### WHAT IS EXPECTED
The only thing to send back is the number of lines below that hold the string "Mount".

### PROVIDED ENTRIES
====

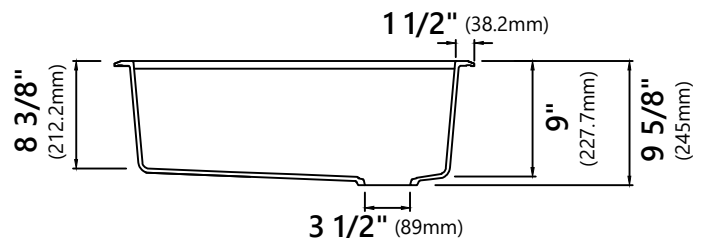

KGTW12-28

28 Inch Workstation Single Bowl
Granite Top Mount Kitchen Sink

Kräus®

SPECIFICATION SHEET

Sink Dimensions

Overall Dimensions: 28" x 22"

Bowl Dimensions: 25" x 16"

Sink Depth: 9 5/8"

Features

- Granite Composite Construction
- Top Mount Single Bowl Sink
- Required Minimum Cabinet Size: 30" Left to Right, 24" Front to Back
- Rear Off-Set Drain
- 3 1/2" Drain Opening

Accessories Included

- Sink Strainer ST-4
- Cutting Board KCB-WS103AC

Available Finishes

- Metallic Black
- Metallic Grey
- Metallic Brown
- White

CODES/STANDARDS:

Product Certification

cUPC

NOTE: 1 3/8" (35mm) diameter faucet holes are pre-scored. The installer can knock out up to 5 faucet holes.

====

### OUTPUT OF THE EXERCISE
2